*ASSIGNMENT*
Would you transcribe the listing that follows word for word, skipping pictures?

*DATASET RECORDS*
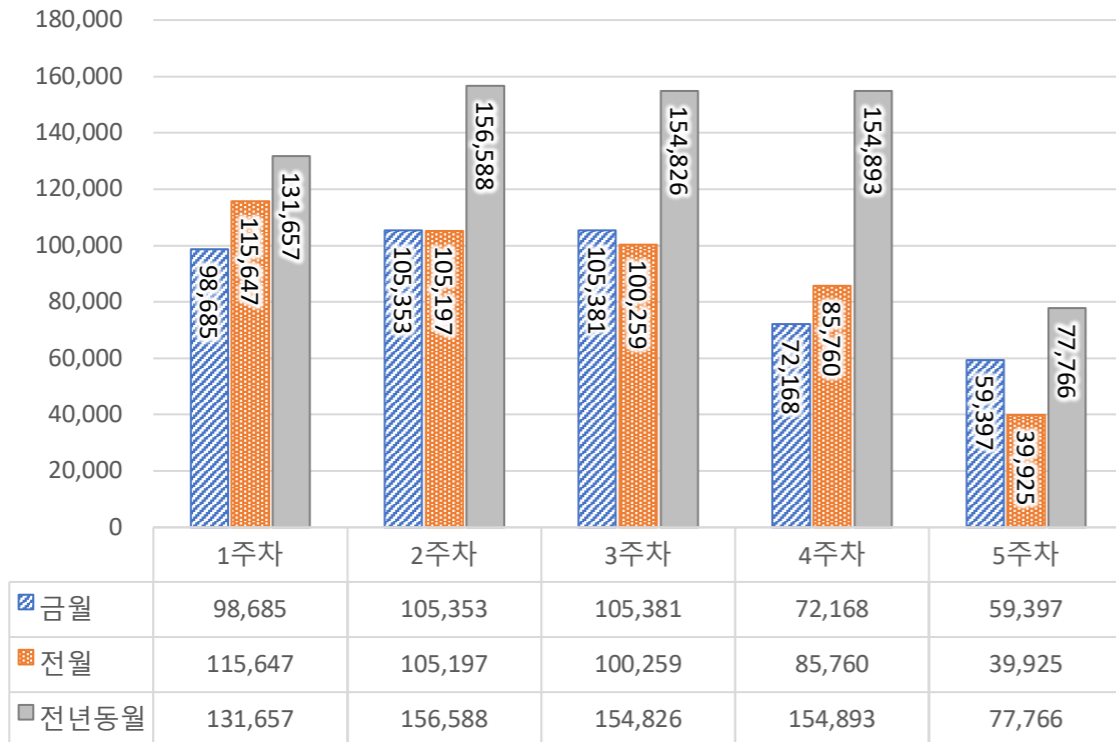

서울 정보소통광장 - 월간 현황보고 (2020.01)

• 기준일: 2020/01/01(수) ~ 2020/01/31(금)

• 작성: 서울시 정보공개정책과

■ 총괄 현황

전체방문수	일평균방문수	방문자수	페이지뷰	일평균 페이지뷰	방문당 페이지뷰
440,984	14,225	356,251	2,588,806	83,510	5.28

■ 주간 방문수 현황

■ 주별 페이지뷰 현황

■ 일별 방문현황

■ 월간 방문 현황

기간	구분	서울시 로그시스템		구글 애널리틱스 - 방문자수							구글 애널리틱스 - 사용행태						
		방문자수	페이지뷰	전체방문수	구글	네이버	다음	서울시	직접유입	기타	재방문율	방문자수	페이지뷰	평균체류시간			
금월	01월 01일	전체	359,118	2,612,880	440,984	-5,804	70,276	114,687	41,159	39,090	138,196	37,576	54.1%	356,251	2,588,806	317,379	1m 54s
	01월 31일	일평균	11,584	84,286	14,225	-187	2,267	3,700	1,328	1,261	4,458	1,212			83,510	10,238	
전월	12월 01일	전체	363,761	2,255,640	446,788		78,513	120,040	54,161	31,478	129,380	33,216	58.5%	371,146	2,271,427		1m 31s
	12월 31일	일평균	11,734	72,763	14,413		2,533	3,872	1,747	1,015	4,174	1,071			73,272		
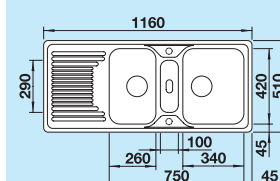

80 cm

Szerokość szafki dolnej

Otwór: 1136 x 486 mm
Głębokość komór:
190/190 mm

podfrezowane otwory do wybicia
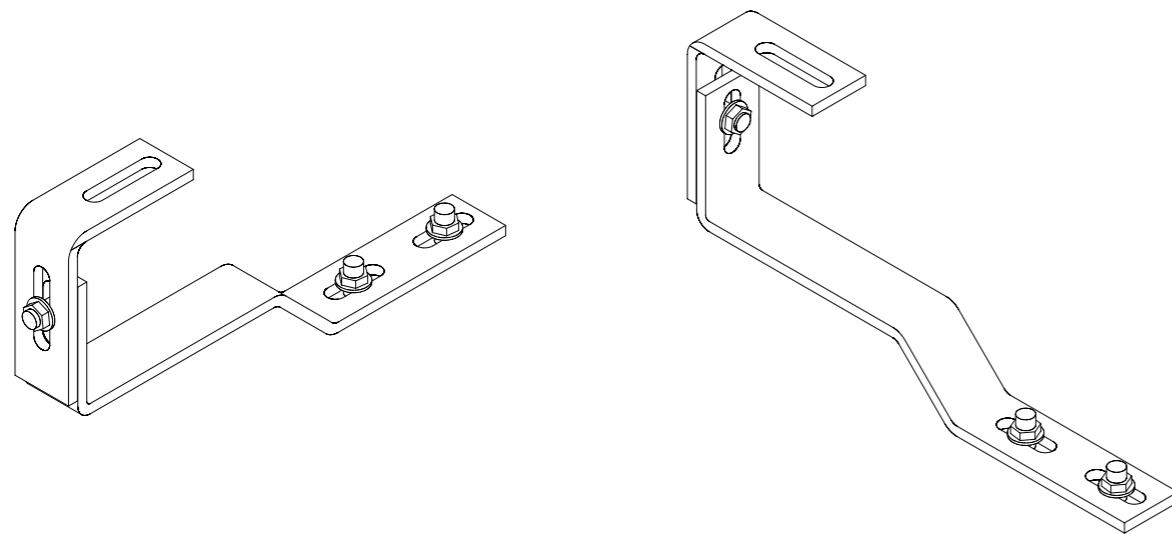

Sun-age srl
Via Panica 121
36063 Marostica (VI)
www.sun-age.it

Scheda tecnica KIT

| | |
|----------------------|---|
| Denominazione | KIT STAFFA BASSA REGOLABILE 5 mm |
| Codice prodotto | K 103D01 |
| Descrizione prodotto | STAFFA REGOLABILE PER TETTI A TEGOLA |
| data | 01-03-2016 |
| scala disegno | 1:2 |

TABELLA MISURE

- mm 120 - codice A
- mm 140 - codice B
- mm 160 - codice C
- mm 180 - codice D
- mm 200 - codice E

- mm 20 - codice 1
- mm 25 - codice 2
- mm 30 - codice 3
- mm 40 - codice 4
- mm 45 - codice 5
- mm 50 - codice 6

Es.: K103D01 **cod A4** (staffa dimensioni X=120 / Y=40)

| Codice | Articolo | Descrizione | Quantità | Note |
|--|----------|----------------|--------------------|------|
| S102D01 | | Parte bassa | | |
| S102D00 | | L a 2 fori | | |
| H108D00 | | Dado flangiato | | |
| B405D25 | | TTQS inox | | |
| Materiale ACCIAIO INOX AISI 430 | | | Peso 460 GR | |
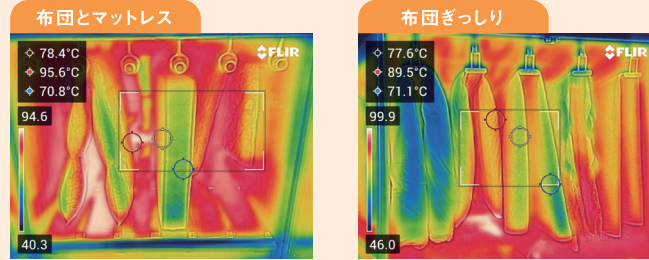

## 01 プロならではの高温熱風

業務用大型乾燥機で作業時間60分後、サーモグラフィで温度測定すると...

※赤外線画像の左上の温度は画像の○部分の温度です。

布団の内部までしっかりと熱が入り、全体に行き渡っているので、湿気や害虫への効果が期待できる!

※ふとん内部の温度は針で布団の中まで刺して内部を測っています。
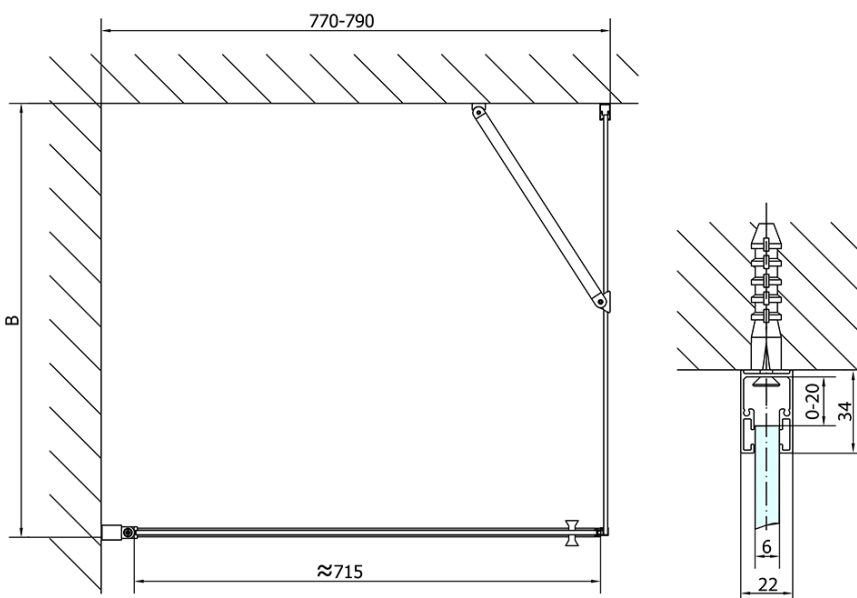

ZOOM obdĺžniková sprchová zástena 800x1000mm L/P varianta

Objednací kód: ZL1280ZL3210

Základné informácie

Značka: Polysan

Séria: ZOOM

Rozmery

Šírka: 800 mm

Výška: 1900 mm

Hĺbka: 1000 mm

Vlastnosti

Farba profilu: Chróm - Leštený hliník

Tvar: Obdĺžnikové zásteny

Typ otvárania: Otváracie jednokrídlové

Smer otvárania: Univerzálne

Šírka vstupu: 715 mm

Typ výplne: Číre sklo

Úprava skla: Antidrop

Hrúbka skla: 6 mm

Vlastnosti: Bezrámové prevedenie, Otváranie von i dovnútra

Hmotnosť / ks: 56.0 kg

Balenie: 2 ks

Záruka: 2 roky

ZOOM obdĺžniková sprchová zástena 800x1000mm
L/P varianta

Technický list

	B
ZL1280-ZL3270	670-690
ZL1280-ZL3280	770-790
ZL1280-ZL3290	870-890
ZL1280-ZL3210	970-990
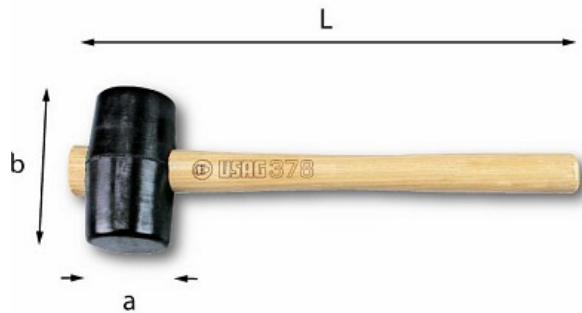

MAZZUOLE

378

- Modello a doppia testa bombata in gomma dura
- Manico in frassino

Dettagli famiglia

Codice	a mm	b mm	L mm	 Q.tà x conf.	Prezzo listino
U03780004	50	90	300	2	€ 7.19
U03780005	60	115	330	2	€ 10.90
U03780006	70	125	380	2	€ 14.70
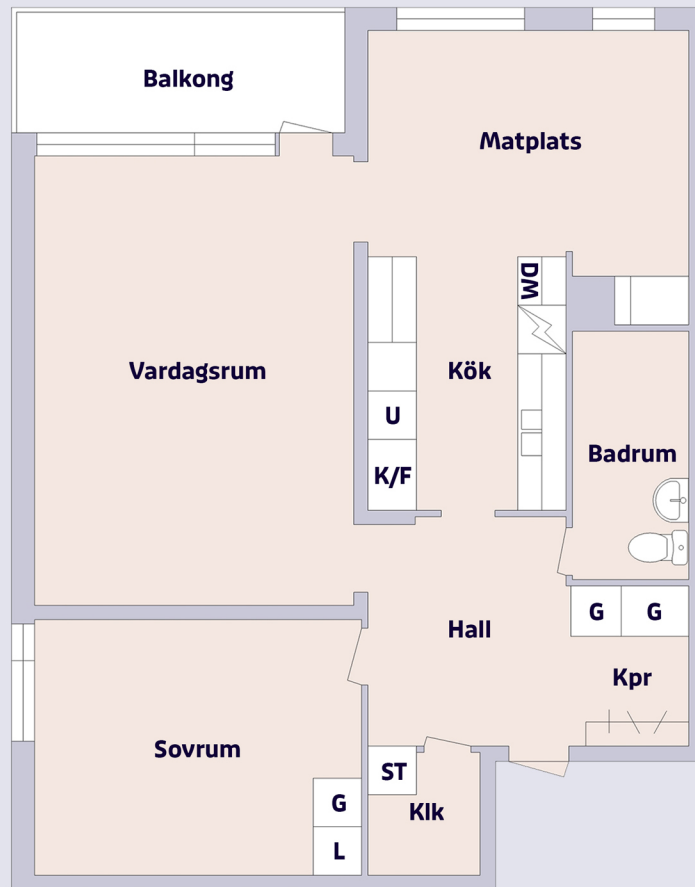

rikshem

2 rum & kök ca 67 m²

Tunastigen, Luleå

Lägenhetsfakta

Förklaring till planritning

Objekts-
nummer

Lägenhets-
nummer

	SPIS
	KYL/FRYS
	UGN
	DISKMASKIN
	GARDEROB
	LINNESKÅP
	STÄDSKÅP
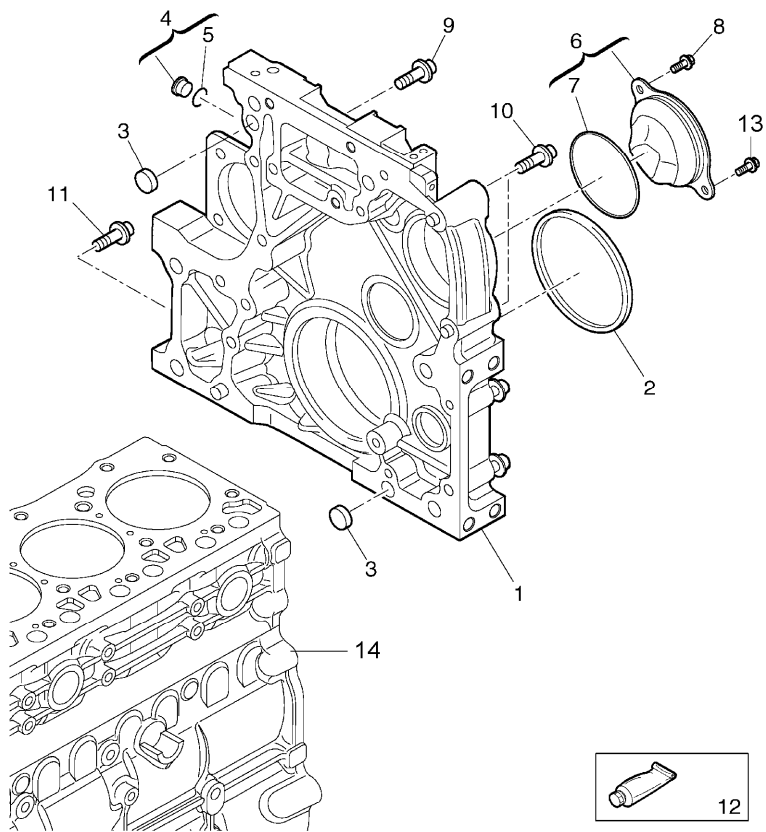

Engine

G-MAX IVECO Tier 3 (2007-2012) - RP74 - 145

RP74\00006029.png

A-05
02

A0502

Crankcase

Inglese

1	3689030M1		6 Jet
2	3689350M1	●	1 Plug M14x1,5
3	3688868M1		1 O ring
4	3688822M1	●	3 Plug M10x1
5	3688855M1		3 O ring
6	3688780M1	●	3 Plug Assy m18x1,5
7	3688781M1	●	3 O ring
8	3688761M1		2 Dowel pin
9	3688625M1		1 Crankcase
10	3688824M1	●	14 Dowel pin
11	3688758M1		2 Plug 17,73x6,35x1,07
12	3688757M1		6 Plug 58,06x8,25x1,52
13	3688775M1		3 Plug 35,23x7,94x1,52
14	3688673M1	●	14 Screw M12x120 mm
15	3688759M1		2 Bearing
16	704803A1		1 Register
17	3688800M1	●	1 Plug M16x1,5 mm assy
18	3688628M1		1 Splasher
19	3688994M1	⊗	1 Toroidal seal =2,6 mm Ø13,9 mm

<https://www.ebooklibonline.com>

Engine

G-MAX IVECO Tier 3 (2007-2012) - RP74 - 145

RP74\00006027.png

A-05
03

A0503

Oil sump

		Inglese
1	4208117M1	1 Pan
2	3688752M1	1 Gasket
3	3688778M1	2 Screw
4	3688679M1	M10x90 mm
5	4208118M1	24 Screw
6	3688678M1	M10x190 mm
6	3688678M1	2 Screw
7	4208119M1	1 Stirrup
8	4208120M1	2 Stirrup
9	3688803M1	1 Filter
10	3688804M1	1 Plug
11	3688997M1	2 O ring
12	3688691M1	M22x1,5
12	3688691M1	2 Plug
13	4208121M1	1 Plug
14	4208122M1	1 Gasket
	▲ =1,5 mm	
	● 6528826M1(1)	
	○ Ø18x26 mm	

▲ Shim
● Replacement

Engine

G-MAX IVECO Tier 3 (2007-2012) - RP74 - 145

RP74\00006000.png

**A-05
04**

A0504

Crankcase covers

		Inglese
1	4206380M1	1 Coperch.
2	3688647M1 ● 6514306M1(1) 130x155x12,5	1 Ring
3	3688753M1	2 Screw
4	3688780M1 ● 704848A1(1) M18x1,5	1 Plug
5	3688781M1 ● 707405A1(1)	1 O ring
6	4208123M1	1 Coperch.
7	3689092M1	1 O ring
8	3688941M1 ● 710625A1(1) M8x1,25x20 mm	1 Screw
9	3688874M1 M16x1,5	1 Screw
10	3688671M1 M12x1,75	15 Screw
11	3688869M1	2 Screw
12	3688632M1 ● 3688632M2(1)	1 Adhesive
13	4208124M1 M8x1,25x23 mm	1 Screw
14	⦿ A-05 02 9	Crankcase
⦿	See page - reference number	
●	Replacement	
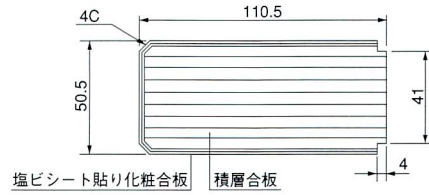

造作材 AG-1型 (ハイライフ型) ※受注商品

■材質 / Material

表面:塩ビシート(常備在庫以外はご相談下さい。)
芯材:積層合板

造作材 鏡板 ※受注商品

■材質 / Material

表面:両面ツキ板真空貼り
芯材:MDF

■仕上げ / Finish

表面:生地
※サイズ、形折特注に応じて製作します。

*RESPONSE AREA*
서울 정보소통광장 - 월간 현황보고 (2020.01)

• 기준일: 2020/01/01(수) ~ 2020/01/31(금)

• 작성: 서울시 정보공개정책과

■ 총괄 현황

전체방문수	일평균방문수	방문자수	페이지뷰	일평균 페이지뷰	방문당 페이지뷰
440,984	14,225	356,251	2,588,806	83,510	5.28

■ 주간 방문수 현황

■ 주별 페이지뷰 현황

■ 일별 방문현황

■ 월간 방문 현황

기간	구분	서울시 로그시스템		구글 애널리틱스 - 방문자수							구글 애널리틱스 - 사용행태						
		방문자수	페이지뷰	전체방문수	구글	네이버	다음	서울시	직접유입	기타	재방문율	방문자수	페이지뷰	평균체류시간			
금월	01월 01일	전체	359,118	2,612,880	440,984	-5,804	70,276	114,687	41,159	39,090	138,196	37,576	54.1%	356,251	2,588,806	317,379	1m 54s
	01월 31일	일평균	11,584	84,286	14,225	-187	2,267	3,700	1,328	1,261	4,458	1,212			83,510	10,238	
전월	12월 01일	전체	363,761	2,255,640	446,788		78,513	120,040	54,161	31,478	129,380	33,216	58.5%	371,146	2,271,427		1m 31s
	12월 31일	일평균	11,734	72,763	14,413		2,533	3,872	1,747	1,015	4,174	1,071			73,272		

80 cm

Szerokość szafki dolnej

Otwór: 1136 x 486 mm
Głębokość komór:
190/190 mm

podfrezowane otwory do wybicia

Sun-age srl
Via Panica 121
36063 Marostica (VI)
www.sun-age.it

Scheda tecnica KIT

| | |
|----------------------|---|
| Denominazione | KIT STAFFA BASSA REGOLABILE 5 mm |
| Codice prodotto | K 103D01 |
| Descrizione prodotto | STAFFA REGOLABILE PER TETTI A TEGOLA |
| data | 01-03-2016 |
| scala disegno | 1:2 |

TABELLA MISURE

- mm 120 - codice A
- mm 140 - codice B
- mm 160 - codice C
- mm 180 - codice D
- mm 200 - codice E

- mm 20 - codice 1
- mm 25 - codice 2
- mm 30 - codice 3
- mm 40 - codice 4
- mm 45 - codice 5
- mm 50 - codice 6

Es.: K103D01 **cod A4** (staffa dimensioni X=120 / Y=40)

| Codice | Articolo | Descrizione | Quantità | Note |
|--|----------|----------------|--------------------|------|
| S102D01 | | Parte bassa | | |
| S102D00 | | L a 2 fori | | |
| H108D00 | | Dado flangiato | | |
| B405D25 | | TTQS inox | | |
| Materiale ACCIAIO INOX AISI 430 | | | Peso 460 GR | |

## 01 プロならではの高温熱風

業務用大型乾燥機で作業時間60分後、サーモグラフィで温度測定すると...

※赤外線画像の左上の温度は画像の○部分の温度です。

布団の内部までしっかりと熱が入り、全体に行き渡っているので、湿気や害虫への効果が期待できる!

※ふとん内部の温度は針で布団の中まで刺して内部を測っています。

ZOOM obdĺžniková sprchová zástena 800x1000mm L/P varianta

Objednací kód: ZL1280ZL3210

Základné informácie

Značka: Polysan

Séria: ZOOM

Rozmery

Šírka: 800 mm

Výška: 1900 mm

Hĺbka: 1000 mm

Vlastnosti

Farba profilu: Chróm - Leštený hliník

Tvar: Obdĺžnikové zásteny

Typ otvárania: Otváracie jednokrídlové

Smer otvárania: Univerzálne

Šírka vstupu: 715 mm

Typ výplne: Číre sklo

Úprava skla: Antidrop

Hrúbka skla: 6 mm

Vlastnosti: Bezrámové prevedenie, Otváranie von i dovnútra

Hmotnosť / ks: 56.0 kg

Balenie: 2 ks

Záruka: 2 roky

ZOOM obdĺžniková sprchová zástena 800x1000mm
L/P varianta

Technický list

	B
ZL1280-ZL3270	670-690
ZL1280-ZL3280	770-790
ZL1280-ZL3290	870-890
ZL1280-ZL3210	970-990

MAZZUOLE

378

- Modello a doppia testa bombata in gomma dura
- Manico in frassino

Dettagli famiglia

Codice	a mm	b mm	L mm	 Q.tà x conf.	Prezzo listino
U03780004	50	90	300	2	€ 7.19
U03780005	60	115	330	2	€ 10.90
U03780006	70	125	380	2	€ 14.70

rikshem

2 rum & kök ca 67 m²

Tunastigen, Luleå

Lägenhetsfakta

Förklaring till planritning

Objekts-
nummer

Lägenhets-
nummer

	SPIS
	KYL/FRYS
	UGN
	DISKMASKIN
	GARDEROB
	LINNESKÅP
	STÄDSKÅP

Engine

G-MAX IVECO Tier 3 (2007-2012) - RP74 - 145

RP74\00006029.png

A-05
02

A0502

Crankcase

Inglese

1	3689030M1		6 Jet
2	3689350M1	●	1 Plug M14x1,5
3	3688868M1		1 O ring
4	3688822M1	●	3 Plug M10x1
5	3688855M1		3 O ring
6	3688780M1	●	3 Plug Assy m18x1,5
7	3688781M1	●	3 O ring
8	3688761M1		2 Dowel pin
9	3688625M1		1 Crankcase
10	3688824M1	●	14 Dowel pin
11	3688758M1		2 Plug 17,73x6,35x1,07
12	3688757M1		6 Plug 58,06x8,25x1,52
13	3688775M1		3 Plug 35,23x7,94x1,52
14	3688673M1	●	14 Screw M12x120 mm
15	3688759M1		2 Bearing
16	704803A1		1 Register
17	3688800M1	●	1 Plug M16x1,5 mm assy
18	3688628M1		1 Splasher
19	3688994M1	⊗	1 Toroidal seal =2,6 mm Ø13,9 mm

<https://www.ebooklibonline.com>

Engine

G-MAX IVECO Tier 3 (2007-2012) - RP74 - 145

RP74\00006027.png

A-05
03

A0503

Oil sump

		Inglese
1	4208117M1	1 Pan
2	3688752M1	1 Gasket
3	3688778M1	2 Screw
4	3688679M1	M10x90 mm
5	4208118M1	24 Screw
6	3688678M1	M10x190 mm
6	3688678M1	2 Screw
7	4208119M1	1 Stirrup
8	4208120M1	2 Stirrup
9	3688803M1	1 Filter
10	3688804M1	1 Plug
11	3688997M1	2 O ring
12	3688691M1	M22x1,5
12	3688691M1	2 Plug
13	4208121M1	1 Plug
14	4208122M1	1 Gasket
	▲ =1,5 mm	
	● 6528826M1(1)	
	○ Ø18x26 mm	

▲ Shim
● Replacement

Engine

G-MAX IVECO Tier 3 (2007-2012) - RP74 - 145

RP74\00006000.png

**A-05
04**

A0504

Crankcase covers

		Inglese
1	4206380M1	1 Coperch.
2	3688647M1 ● 6514306M1(1) 130x155x12,5	1 Ring
3	3688753M1	2 Screw
4	3688780M1 ● 704848A1(1) M18x1,5	1 Plug
5	3688781M1 ● 707405A1(1)	1 O ring
6	4208123M1	1 Coperch.
7	3689092M1	1 O ring
8	3688941M1 ● 710625A1(1) M8x1,25x20 mm	1 Screw
9	3688874M1 M16x1,5	1 Screw
10	3688671M1 M12x1,75	15 Screw
11	3688869M1	2 Screw
12	3688632M1 ● 3688632M2(1)	1 Adhesive
13	4208124M1 M8x1,25x23 mm	1 Screw
14	⦿ A-05 02 9	Crankcase
⦿	See page - reference number	
●	Replacement	

造作材 AG-1型 (ハイライフ型) ※受注商品

■材質 / Material

表面:塩ビシート(常備在庫以外はご相談下さい。)
芯材:積層合板

造作材 鏡板 ※受注商品

■材質 / Material

表面:両面ツキ板真空貼り
芯材:MDF

■仕上げ / Finish

表面:生地
※サイズ、形折特注に応じて製作します。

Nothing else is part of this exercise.